* **Work task**
Where the string "IMPELLER" occurs in a line of the entries below, copy that line.

* **Stored data**
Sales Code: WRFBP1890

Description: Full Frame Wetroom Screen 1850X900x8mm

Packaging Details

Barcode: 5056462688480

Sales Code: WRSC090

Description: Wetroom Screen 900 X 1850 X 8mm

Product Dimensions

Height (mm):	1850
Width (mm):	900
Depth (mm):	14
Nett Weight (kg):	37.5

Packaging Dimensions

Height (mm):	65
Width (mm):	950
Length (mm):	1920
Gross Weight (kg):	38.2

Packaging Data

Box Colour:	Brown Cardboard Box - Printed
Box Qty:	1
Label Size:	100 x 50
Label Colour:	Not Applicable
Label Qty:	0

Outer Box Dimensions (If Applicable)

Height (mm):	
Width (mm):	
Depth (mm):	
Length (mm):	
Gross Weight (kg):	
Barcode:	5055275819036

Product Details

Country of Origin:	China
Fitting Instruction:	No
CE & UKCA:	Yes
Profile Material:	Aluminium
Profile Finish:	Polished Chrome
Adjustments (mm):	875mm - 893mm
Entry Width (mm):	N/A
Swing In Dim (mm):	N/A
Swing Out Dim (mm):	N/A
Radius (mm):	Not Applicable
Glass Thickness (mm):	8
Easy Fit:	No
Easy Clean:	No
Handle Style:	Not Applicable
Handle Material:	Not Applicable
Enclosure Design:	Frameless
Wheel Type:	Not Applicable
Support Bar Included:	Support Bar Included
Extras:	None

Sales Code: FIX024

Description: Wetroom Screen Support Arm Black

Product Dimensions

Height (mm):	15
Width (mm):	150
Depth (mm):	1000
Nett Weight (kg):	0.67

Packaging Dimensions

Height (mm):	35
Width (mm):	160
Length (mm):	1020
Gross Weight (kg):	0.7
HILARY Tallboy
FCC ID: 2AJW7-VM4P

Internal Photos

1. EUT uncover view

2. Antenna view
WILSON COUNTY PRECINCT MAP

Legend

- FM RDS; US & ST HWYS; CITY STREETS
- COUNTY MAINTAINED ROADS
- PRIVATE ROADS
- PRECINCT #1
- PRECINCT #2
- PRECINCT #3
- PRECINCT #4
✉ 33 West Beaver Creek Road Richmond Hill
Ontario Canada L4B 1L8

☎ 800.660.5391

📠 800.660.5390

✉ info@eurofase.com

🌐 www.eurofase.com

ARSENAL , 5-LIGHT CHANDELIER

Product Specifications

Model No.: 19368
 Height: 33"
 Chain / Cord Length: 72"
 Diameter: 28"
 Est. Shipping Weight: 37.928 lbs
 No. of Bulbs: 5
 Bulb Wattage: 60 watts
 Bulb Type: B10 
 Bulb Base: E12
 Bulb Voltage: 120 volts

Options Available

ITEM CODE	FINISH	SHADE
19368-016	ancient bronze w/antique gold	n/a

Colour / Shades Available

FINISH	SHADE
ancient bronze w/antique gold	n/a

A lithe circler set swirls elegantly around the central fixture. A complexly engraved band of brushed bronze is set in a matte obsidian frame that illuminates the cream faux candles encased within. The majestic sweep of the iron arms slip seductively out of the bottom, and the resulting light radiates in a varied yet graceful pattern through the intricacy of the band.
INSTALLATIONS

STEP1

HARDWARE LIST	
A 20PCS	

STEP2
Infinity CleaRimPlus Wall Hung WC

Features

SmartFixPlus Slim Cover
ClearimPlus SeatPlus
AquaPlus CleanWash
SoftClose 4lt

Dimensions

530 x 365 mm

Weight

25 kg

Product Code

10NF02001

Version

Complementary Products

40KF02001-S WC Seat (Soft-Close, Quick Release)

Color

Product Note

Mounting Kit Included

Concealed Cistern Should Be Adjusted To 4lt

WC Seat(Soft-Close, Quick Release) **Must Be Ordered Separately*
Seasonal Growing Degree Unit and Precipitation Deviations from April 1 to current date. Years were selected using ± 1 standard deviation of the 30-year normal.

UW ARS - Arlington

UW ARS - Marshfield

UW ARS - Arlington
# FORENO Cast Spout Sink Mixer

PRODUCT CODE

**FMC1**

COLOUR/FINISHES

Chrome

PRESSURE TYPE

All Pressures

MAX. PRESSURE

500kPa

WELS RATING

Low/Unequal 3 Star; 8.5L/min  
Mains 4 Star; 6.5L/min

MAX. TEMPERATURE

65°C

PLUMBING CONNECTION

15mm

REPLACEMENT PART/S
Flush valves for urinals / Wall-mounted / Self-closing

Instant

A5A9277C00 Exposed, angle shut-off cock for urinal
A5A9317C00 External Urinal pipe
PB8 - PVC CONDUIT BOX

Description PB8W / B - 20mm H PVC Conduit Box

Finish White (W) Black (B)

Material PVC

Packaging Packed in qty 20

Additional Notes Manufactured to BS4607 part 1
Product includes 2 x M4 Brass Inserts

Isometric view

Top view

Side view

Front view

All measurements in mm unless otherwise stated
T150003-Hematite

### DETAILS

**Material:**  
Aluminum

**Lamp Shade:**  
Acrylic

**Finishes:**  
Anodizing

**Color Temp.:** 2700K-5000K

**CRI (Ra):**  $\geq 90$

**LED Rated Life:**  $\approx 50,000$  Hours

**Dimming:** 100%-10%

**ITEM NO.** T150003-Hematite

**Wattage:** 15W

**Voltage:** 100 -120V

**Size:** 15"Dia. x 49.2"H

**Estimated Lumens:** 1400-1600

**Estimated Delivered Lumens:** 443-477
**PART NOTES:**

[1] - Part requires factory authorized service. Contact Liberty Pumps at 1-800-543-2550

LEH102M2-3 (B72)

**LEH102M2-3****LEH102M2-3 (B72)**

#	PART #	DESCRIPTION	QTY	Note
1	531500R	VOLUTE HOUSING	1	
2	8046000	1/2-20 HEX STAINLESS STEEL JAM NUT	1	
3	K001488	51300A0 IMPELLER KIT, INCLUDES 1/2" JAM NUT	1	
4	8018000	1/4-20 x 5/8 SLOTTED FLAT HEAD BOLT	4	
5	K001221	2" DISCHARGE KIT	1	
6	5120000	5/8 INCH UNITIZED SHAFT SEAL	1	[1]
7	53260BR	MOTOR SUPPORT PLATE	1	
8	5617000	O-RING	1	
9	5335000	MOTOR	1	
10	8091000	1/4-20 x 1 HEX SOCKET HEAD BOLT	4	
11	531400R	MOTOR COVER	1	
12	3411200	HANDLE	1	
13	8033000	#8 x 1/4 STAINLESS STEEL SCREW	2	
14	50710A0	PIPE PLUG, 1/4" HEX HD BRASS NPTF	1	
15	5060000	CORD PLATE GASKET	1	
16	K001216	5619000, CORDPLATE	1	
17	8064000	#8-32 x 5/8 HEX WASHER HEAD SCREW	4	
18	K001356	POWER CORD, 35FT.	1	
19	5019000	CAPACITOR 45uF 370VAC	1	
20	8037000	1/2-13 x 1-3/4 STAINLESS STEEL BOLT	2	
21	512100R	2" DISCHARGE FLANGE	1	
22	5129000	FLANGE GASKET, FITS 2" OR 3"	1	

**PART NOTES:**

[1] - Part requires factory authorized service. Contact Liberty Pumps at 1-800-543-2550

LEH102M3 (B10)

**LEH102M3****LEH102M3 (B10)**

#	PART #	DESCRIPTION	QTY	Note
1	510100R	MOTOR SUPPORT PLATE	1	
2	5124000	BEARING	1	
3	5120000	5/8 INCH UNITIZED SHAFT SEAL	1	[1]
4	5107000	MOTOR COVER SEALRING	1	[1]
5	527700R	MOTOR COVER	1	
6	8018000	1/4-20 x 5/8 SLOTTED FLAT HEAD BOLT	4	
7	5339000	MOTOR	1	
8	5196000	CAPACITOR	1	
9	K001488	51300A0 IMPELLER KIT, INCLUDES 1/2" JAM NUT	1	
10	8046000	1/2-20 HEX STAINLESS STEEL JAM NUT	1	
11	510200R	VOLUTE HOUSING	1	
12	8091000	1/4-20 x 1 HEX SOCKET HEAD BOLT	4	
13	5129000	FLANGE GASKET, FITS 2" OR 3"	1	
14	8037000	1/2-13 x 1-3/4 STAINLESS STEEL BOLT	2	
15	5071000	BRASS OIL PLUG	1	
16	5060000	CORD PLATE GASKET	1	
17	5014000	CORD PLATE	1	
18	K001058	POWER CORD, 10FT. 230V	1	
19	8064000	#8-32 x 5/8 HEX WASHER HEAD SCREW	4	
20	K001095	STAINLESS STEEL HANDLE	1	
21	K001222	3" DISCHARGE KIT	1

* **Answer to the problem**
3	K001488	51300A0 IMPELLER KIT, INCLUDES 1/2" JAM NUT	1	
9	K001488	51300A0 IMPELLER KIT, INCLUDES 1/2" JAM NUT	1	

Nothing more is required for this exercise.